Jails are places where men and women are detained while awaiting adjudication of their criminal charges. After arrest, if they are not able to find money for bail and are not release on their “own recognizance” they have to remain in detention until their trial. Jail residents are “detainees” not “prisoners.”
Detainees are people who are have not yet been found guilty of a crime. Detainees are often people caught up in our immigration and detention system. They may have been charged with a crime, or they may just be awaiting action from the Immigration and Customs Enforcement Agency (ICE), a part of the Department of Homeland Security.

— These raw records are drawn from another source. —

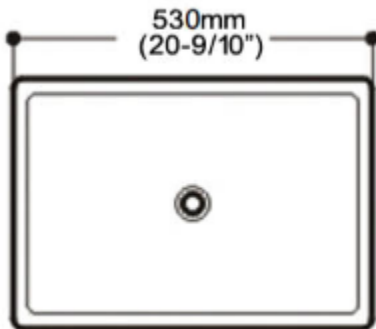

FEATURES:

- Rectangle under-counter lavatory.
- Squared back allows closer faucet positioning.
- Available in White.
- All Luxart Vitreous China products are IAPMO tested and meet or exceed standards.

DIMENSIONS:

- Width: 20-9/10" (530mm)
- Depth: 14-4/5" (370mm)
- Shipping Weight: 22.00 lbs (10.00kg)

Under-counter Lavatory
LX545W**NOTES:**

Dimensions are in inches and millimeters. Illustrations may not be drawn to scale.

IMPORTANT:

Dimension of fixtures are nominal and may vary within the range of tolerances established by ASME standards A112.19.2

For detainees there are often more urgent issues confronting them – they have been quickly removed from their daily lives- they may have child care and custody concerns, job and property concerns, even pet care. They may be detoxing and sick from active addiction. There is often a level of desperation in jail detainees that challenges the volunteer or chaplain because the needs are so immediate, demanding and plentiful. The experience of being in jail is akin to being in the emergency room of a hospital awaiting triage. Detainees are living in a state of crisis, even shock. They are not sure how long they will be in jail or perhaps beyond that in prison.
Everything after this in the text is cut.